When we have the equivalent of multi-dimensional numpy arrays, instead of a single column we will need multiple columns. This is the pandas DataFrame object.

We can create a dataframe directly from a 2d numpy array:

In [ ]:
fruits = np.array([[5.5,6.5,7.9,5.7,6.8,8.1],[5.1,3.4,6.5,8.8,6.3,4.9],[4.3,6.7,6.5,4.6,7.2,7.9]])

fruits.shape
Out[ ]:
(3, 6)
In [ ]:
fruits.transpose()
Out[ ]:
array([[5.5, 5.1, 4.3],
       [6.5, 3.4, 6.7],
       [7.9, 6.5, 6.5],
       [5.7, 8.8, 4.6],
       [6.8, 6.3, 7.2],
       [8.1, 4.9, 7.9]])
In [ ]:
# create dataframe from ndarray
f = pd.DataFrame(fruits).transpose()
f
Out[ ]:
0 1 2
0 5.5 5.1 4.3
1 6.5 3.4 6.7
2 7.9 6.5 6.5
3 5.7 8.8 4.6
4 6.8 6.3 7.2
5 8.1 4.9 7.9
In [ ]:
# name the columns
f.columns = (['apples','bananas','oranges'])
In [ ]:
f
Out[ ]:
apples bananas oranges
0 5.5 5.1 4.3
1 6.5 3.4 6.7
2 7.9 6.5 6.5
3 5.7 8.8 4.6
4 6.8 6.3 7.2
5 8.1 4.9 7.9
In [ ]:
type(f)
Out[ ]:
pandas.core.frame.DataFrame

Pandas describe function is a useful function for gathering summary statistics for your columns of data

In [ ]:
f.describe()
Out[ ]:
apples bananas oranges
count 6.000000 6.000000 6.000000
mean 6.750000 5.833333 6.200000
std 1.083974 1.832667 1.442221
min 5.500000 3.400000 4.300000
25% 5.900000 4.950000 5.075000
50% 6.650000 5.700000 6.600000
75% 7.625000 6.450000 7.075000
max 8.100000 8.800000 7.900000

Built-in Plotting Capabilities¶

Pandas uses matplotlib "under the hood" to allow some simple built-in graphing capabilities.

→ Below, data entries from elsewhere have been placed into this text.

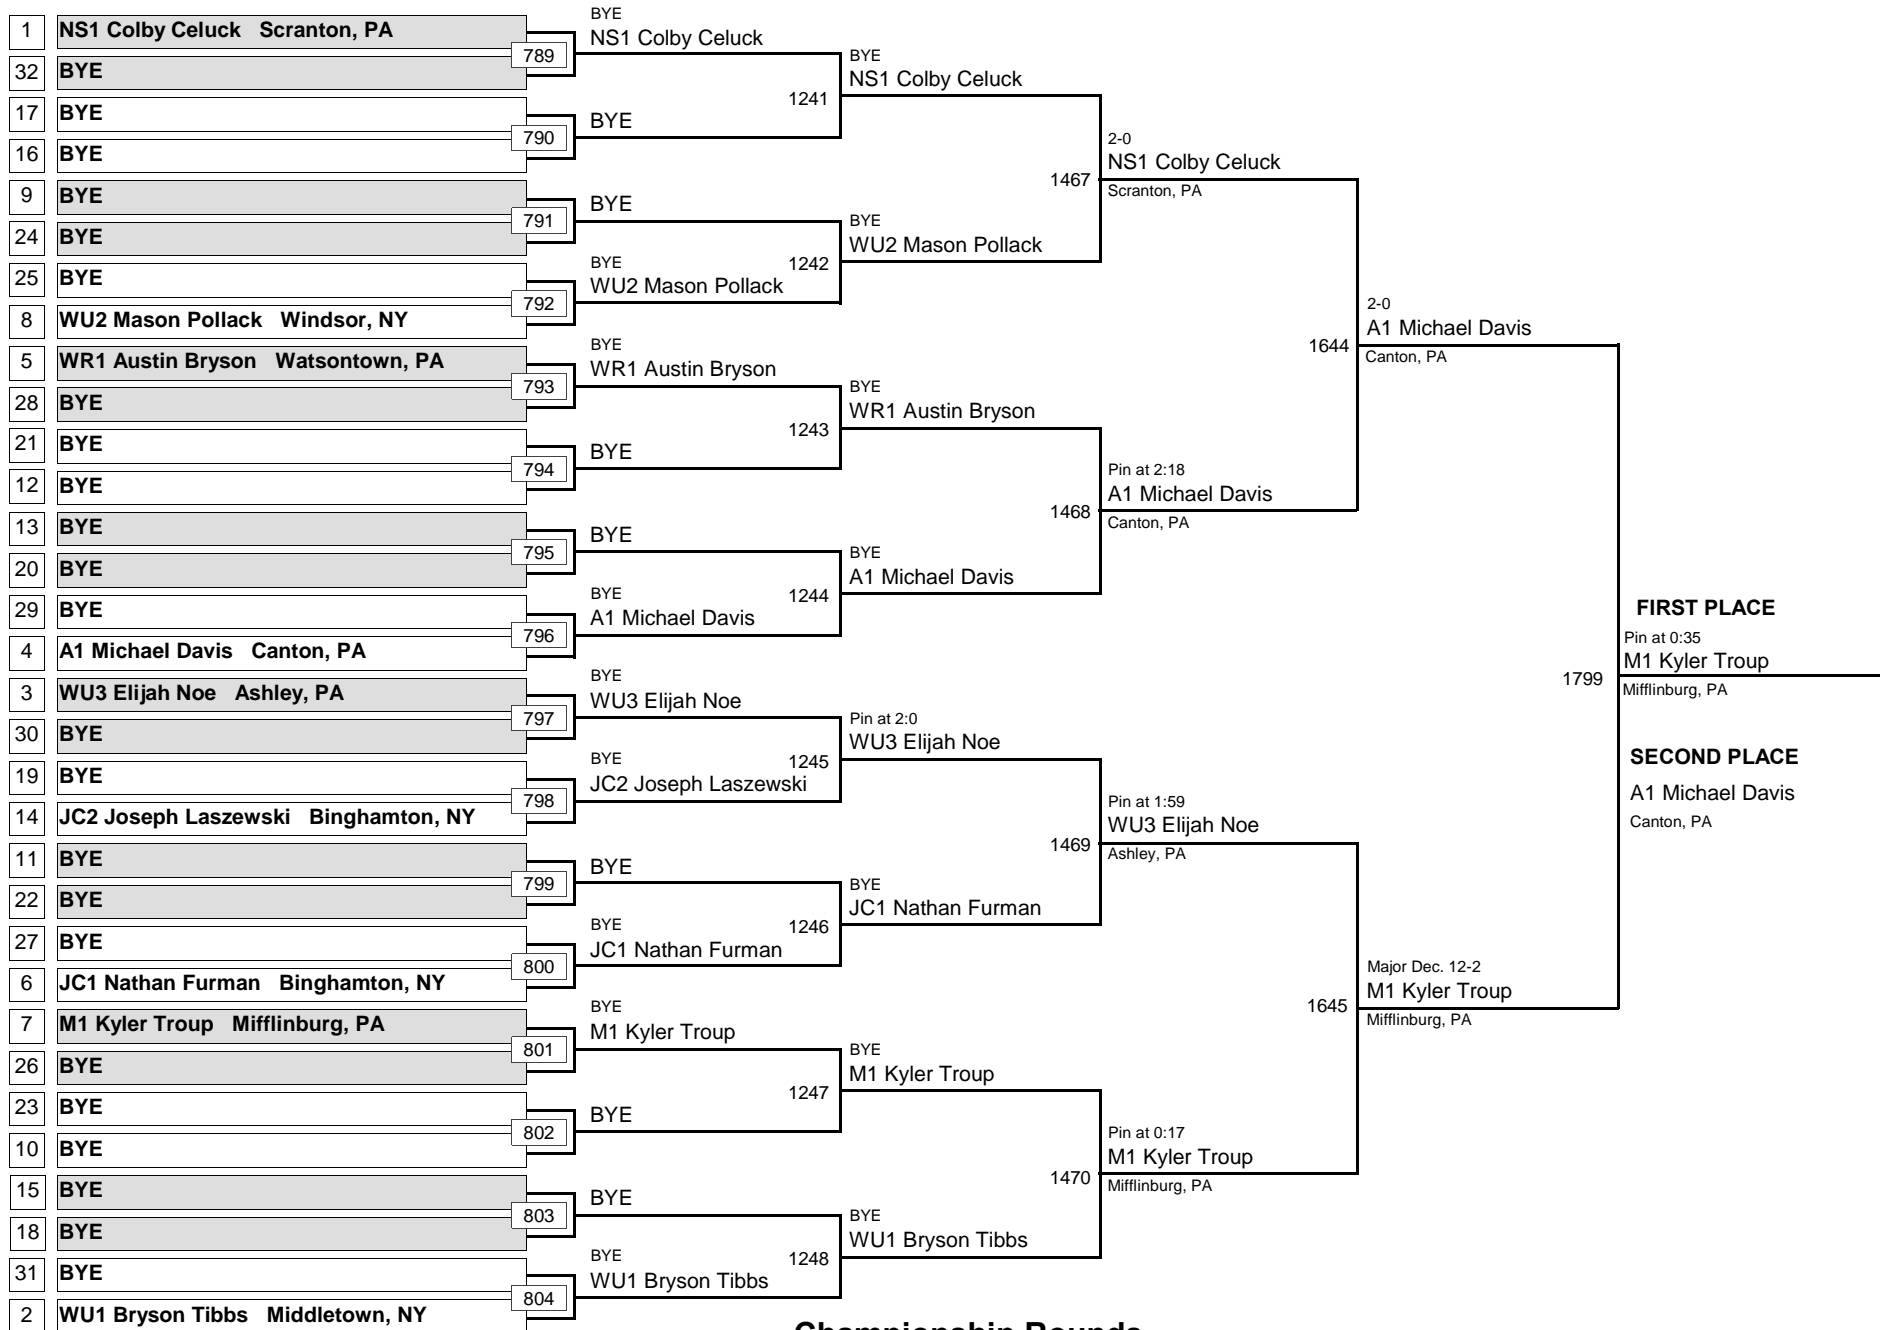

MIDGET

93

MAWA Northern Regional Championships

DIVISION

WEIGHT

April 18, 2015

Championship Rounds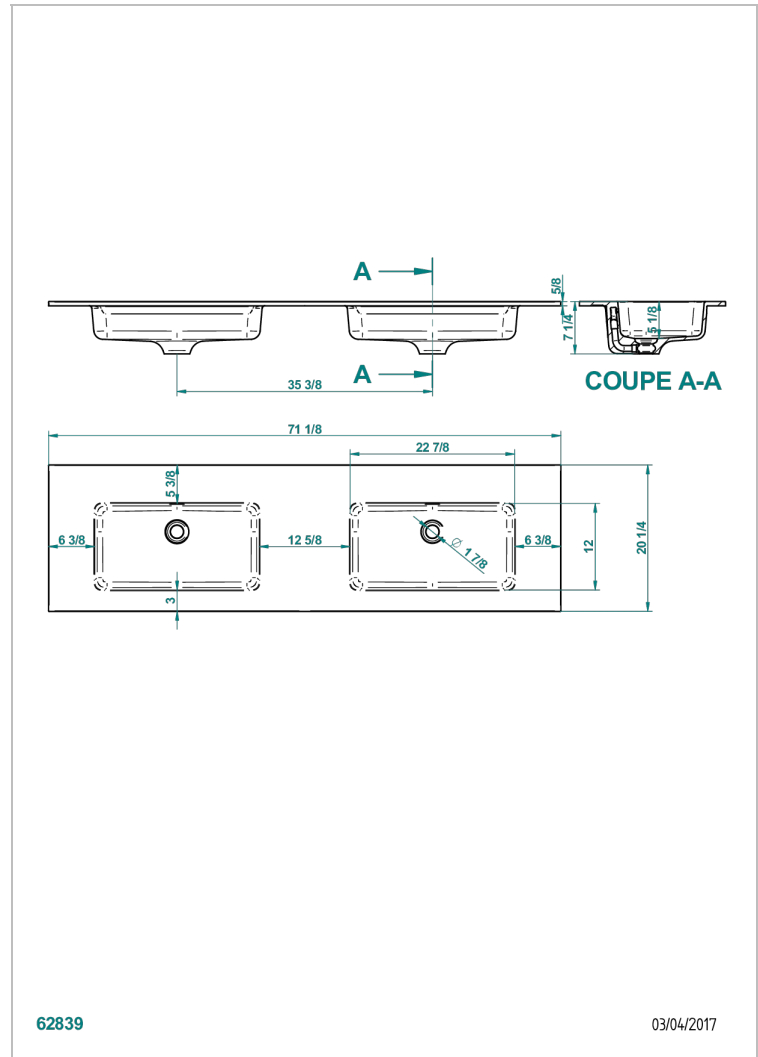

COUNTERTOP

B14-PV523

Birdy slim double inset countertop basin 180,5 x 51,5 x 1,5 cm, delivered without waste

CHARACTERISTIC

- Countertop
- Birdy slim double inset countertop basin 180,5 x 51,5 x 1,5 cm, delivered without waste

For instance, we can plot the entire dataframe at once. We can plot over indicies (useful if you have time-series data, for example)

In [ ]:
ax1 = plt.subplot(211)
ax2 = plt.subplot(212)
plt.tight_layout()
f.plot(ax=ax1, ylim=(0,9))
f.plot.bar(ax=ax2, rot=0) #By default pandas bar plot will put your x-labels on their sides. Use rot=0 to fix it.
Out[ ]:
<AxesSubplot: >

... we can compare the medians (or means) and standard deviations of columns... (read more about pandas.DataFrame.boxplot here)

In [ ]:
# a boxplot 
f.boxplot()
Out[ ]:
<AxesSubplot: >

As we will see, it is common when evaluating musical datasets to have each row be a separate observation (e.g., a song) and each column represent a different musical feature or partial feature.

Creating new columns¶

It is typically useful when doing modeling to have dataframes that are longer than they are wide. This is called a "long form" dataframe. This is because it is typically useful in both computational and perception work to have features or variables stored as columns. You can have as many columns as you want in a dataframe. It is very easy to create subsets and ignore or "throw out" data later on.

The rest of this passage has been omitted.